- Work instructions -
Leave out the pictures and print the records below exactly.

[Given data — start]

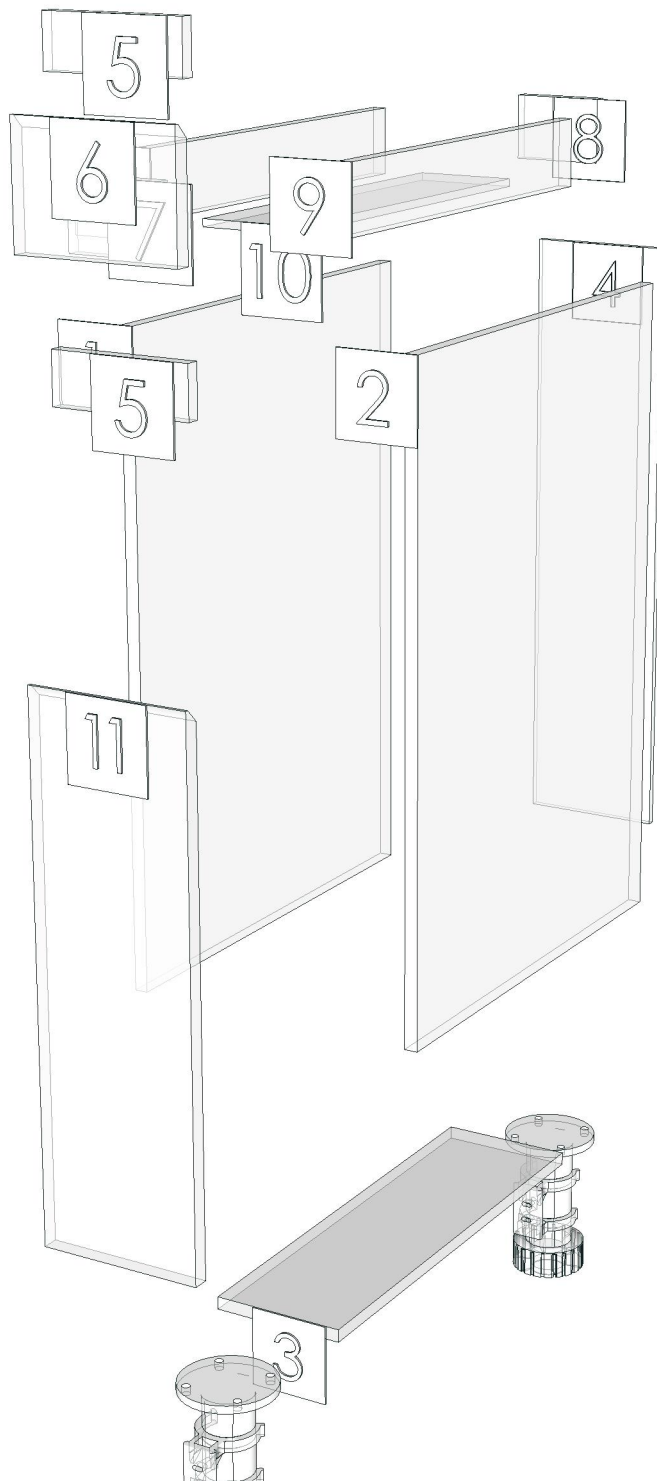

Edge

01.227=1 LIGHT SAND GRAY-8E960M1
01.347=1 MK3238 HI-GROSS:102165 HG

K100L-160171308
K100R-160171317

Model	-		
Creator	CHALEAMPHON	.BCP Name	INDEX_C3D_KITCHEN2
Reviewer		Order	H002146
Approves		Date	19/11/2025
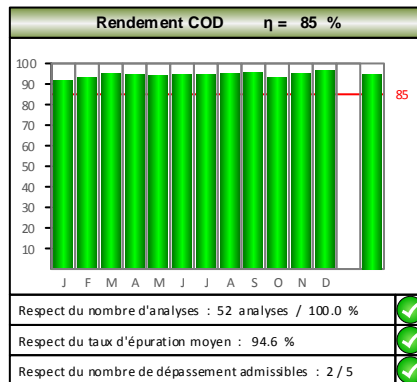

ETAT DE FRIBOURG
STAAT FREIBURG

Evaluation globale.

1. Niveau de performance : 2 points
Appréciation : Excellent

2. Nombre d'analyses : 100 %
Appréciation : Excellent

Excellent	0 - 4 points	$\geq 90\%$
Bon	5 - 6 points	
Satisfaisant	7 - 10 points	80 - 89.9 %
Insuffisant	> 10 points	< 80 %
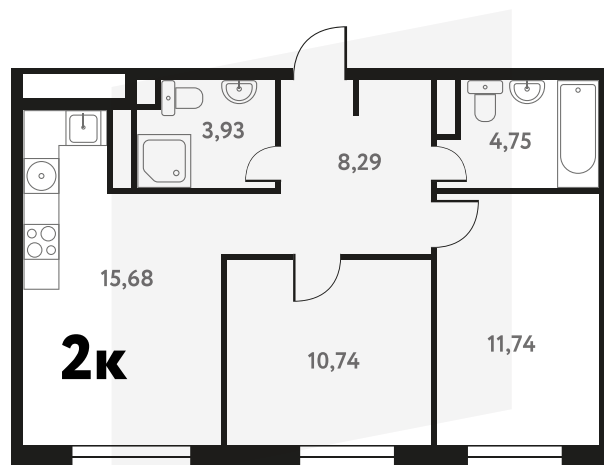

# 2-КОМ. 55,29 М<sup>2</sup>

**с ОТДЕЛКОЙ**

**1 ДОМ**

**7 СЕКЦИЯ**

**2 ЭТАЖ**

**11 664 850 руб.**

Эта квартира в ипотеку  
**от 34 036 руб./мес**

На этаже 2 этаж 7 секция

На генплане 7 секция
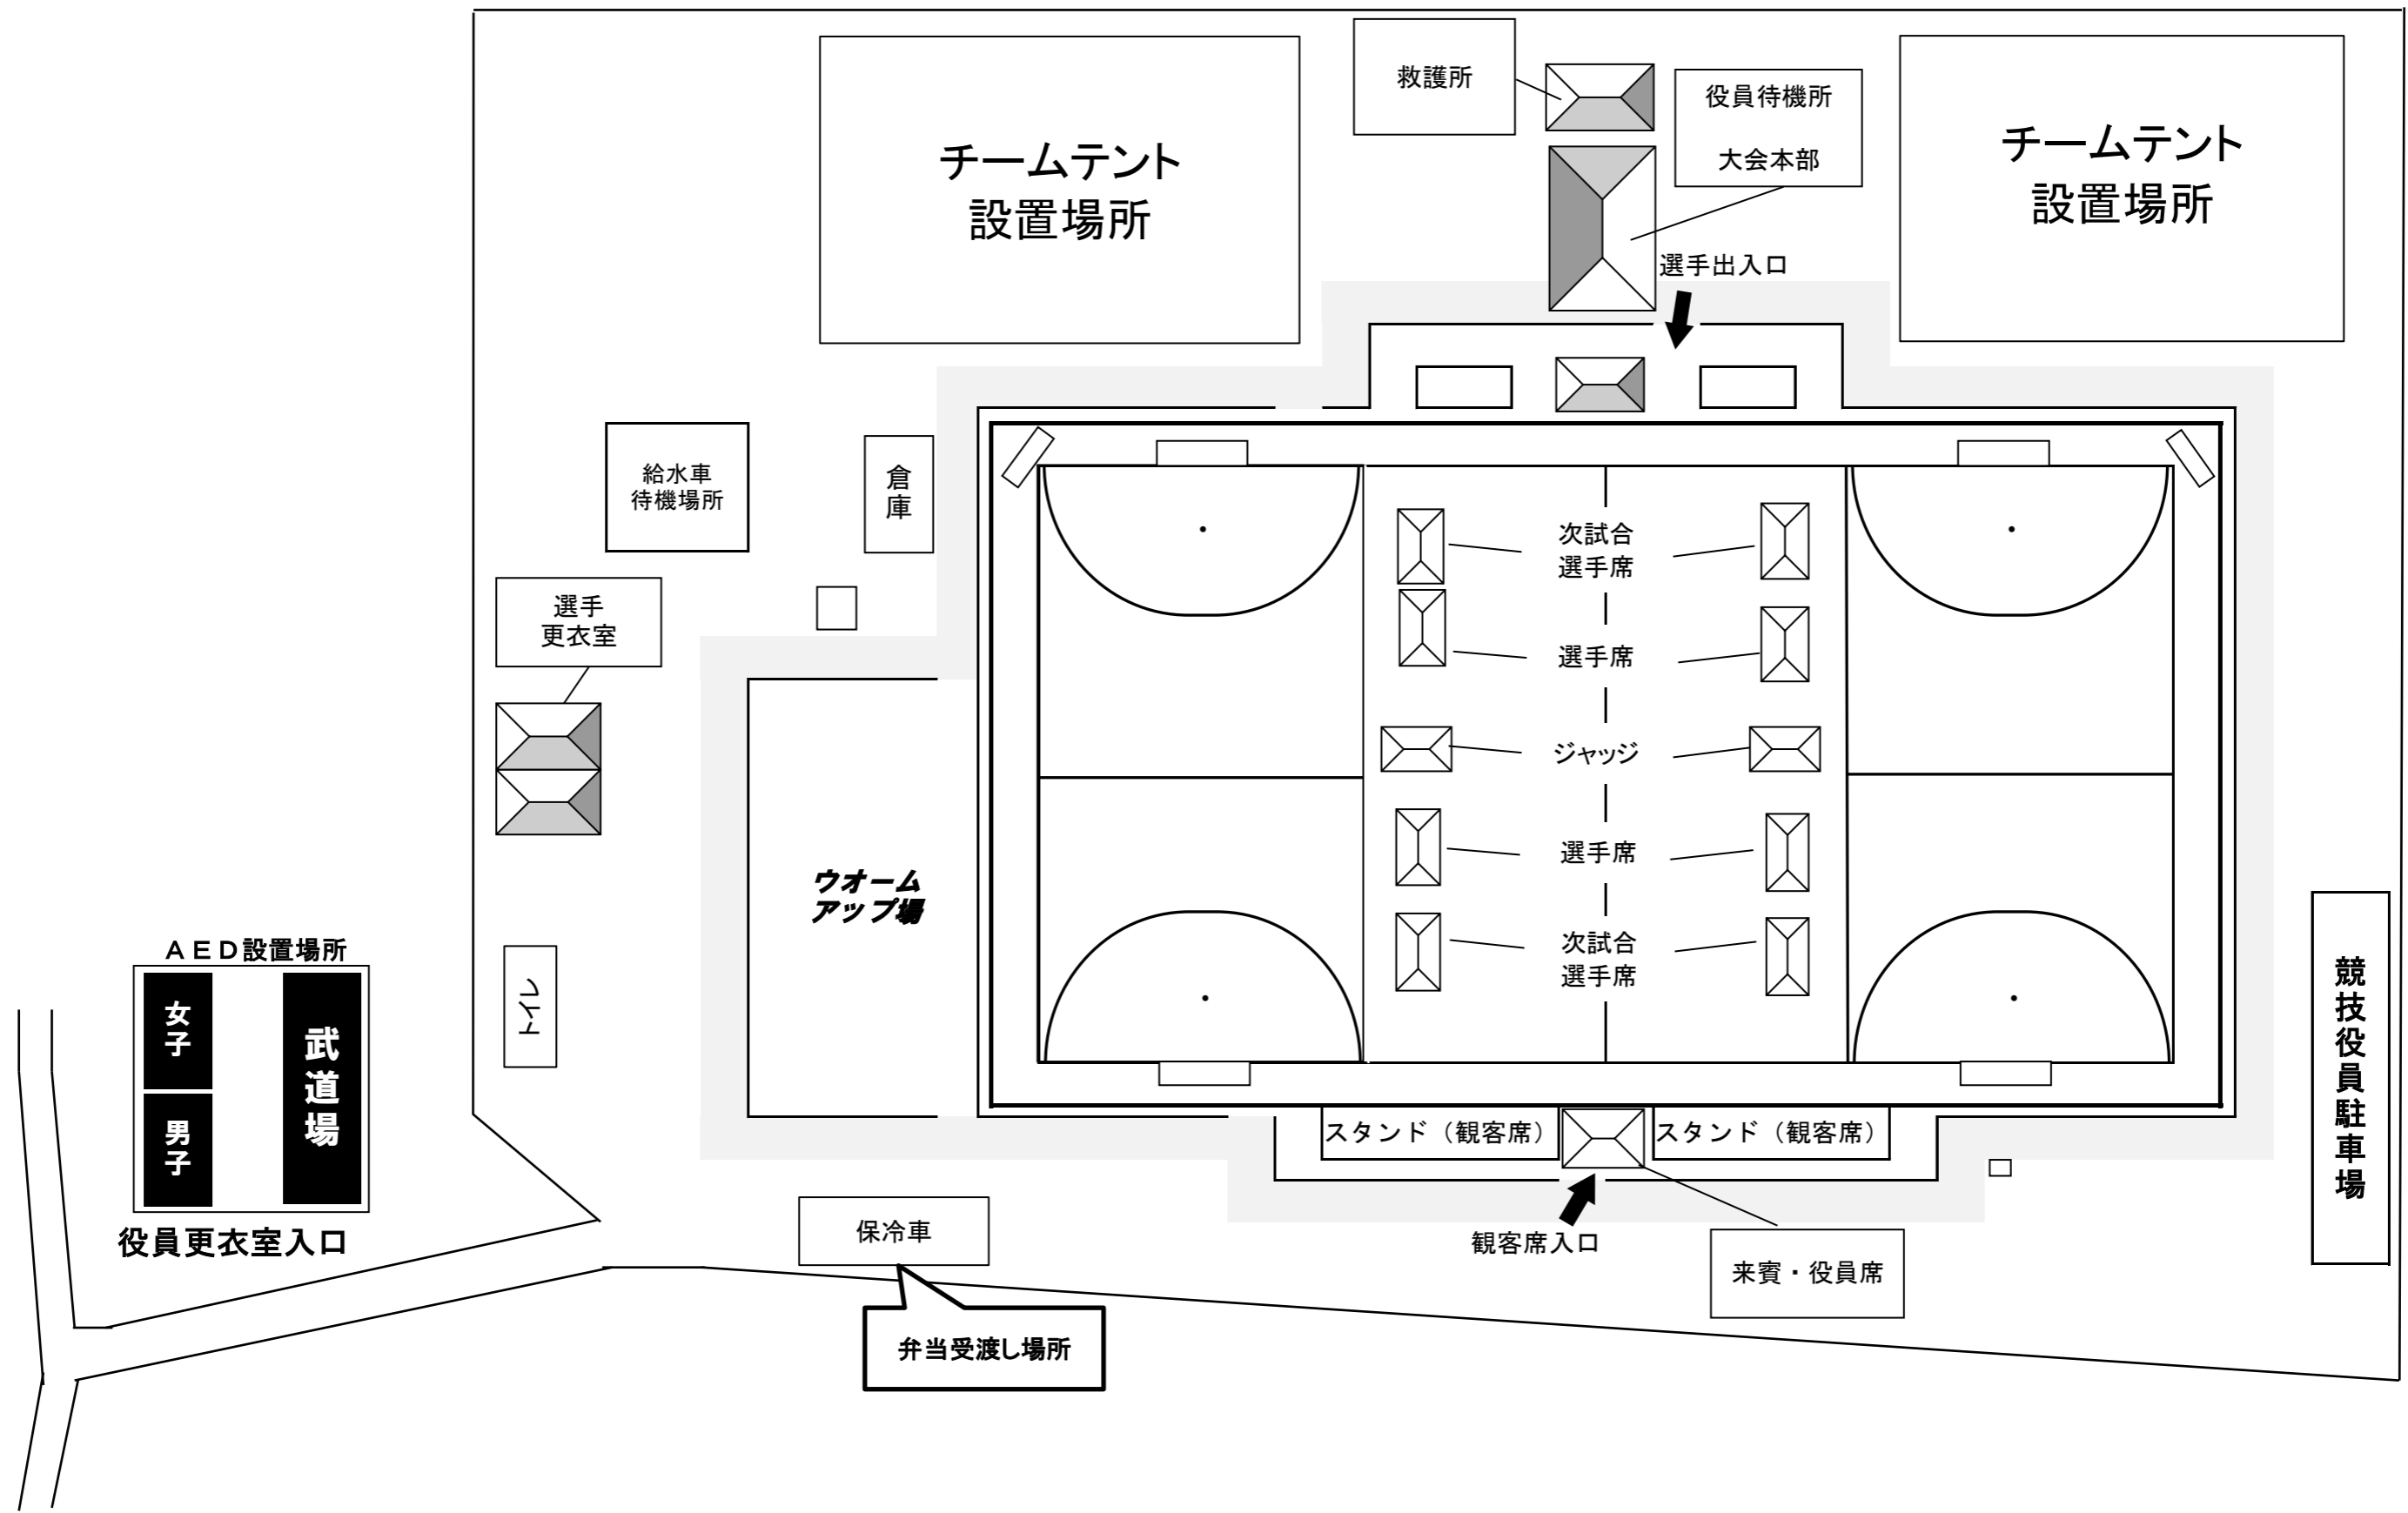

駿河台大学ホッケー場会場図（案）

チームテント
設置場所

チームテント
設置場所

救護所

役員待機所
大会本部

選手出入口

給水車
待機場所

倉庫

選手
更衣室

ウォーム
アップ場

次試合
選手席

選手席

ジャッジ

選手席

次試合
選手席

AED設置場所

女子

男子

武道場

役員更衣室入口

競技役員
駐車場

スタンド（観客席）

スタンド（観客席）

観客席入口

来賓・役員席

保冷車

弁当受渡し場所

[Given data — finish]

- Output of the exercise -
Edge

01.227=1 LIGHT SAND GRAY-8E960M1
01.347=1 MK3238 HI-GROSS:102165 HG

K100L-160171308
K100R-160171317

Model	-		
Creator	CHALEAMPHON	.BCP Name	INDEX_C3D_KITCHEN2
Reviewer		Order	H002146
Approves		Date	19/11/2025

ETAT DE FRIBOURG
STAAT FREIBURG

Evaluation globale.

1. Niveau de performance : 2 points
Appréciation : Excellent

2. Nombre d'analyses : 100 %
Appréciation : Excellent

Excellent	0 - 4 points	$\geq 90\%$
Bon	5 - 6 points	
Satisfaisant	7 - 10 points	80 - 89.9 %
Insuffisant	> 10 points	< 80 %

# 2-КОМ. 55,29 М<sup>2</sup>

**с ОТДЕЛКОЙ**

**1 ДОМ**

**7 СЕКЦИЯ**

**2 ЭТАЖ**

**11 664 850 руб.**

Эта квартира в ипотеку  
**от 34 036 руб./мес**

На этаже 2 этаж 7 секция

На генплане 7 секция

駿河台大学ホッケー場会場図（案）

チームテント
設置場所

チームテント
設置場所

救護所

役員待機所
大会本部

選手出入口

給水車
待機場所

倉庫

選手
更衣室

ウォーム
アップ場

次試合
選手席

選手席

ジャッジ

選手席

次試合
選手席

AED設置場所

女子

男子

武道場

役員更衣室入口

競技役員
駐車場

スタンド（観客席）

スタンド（観客席）

観客席入口

来賓・役員席

保冷車

弁当受渡し場所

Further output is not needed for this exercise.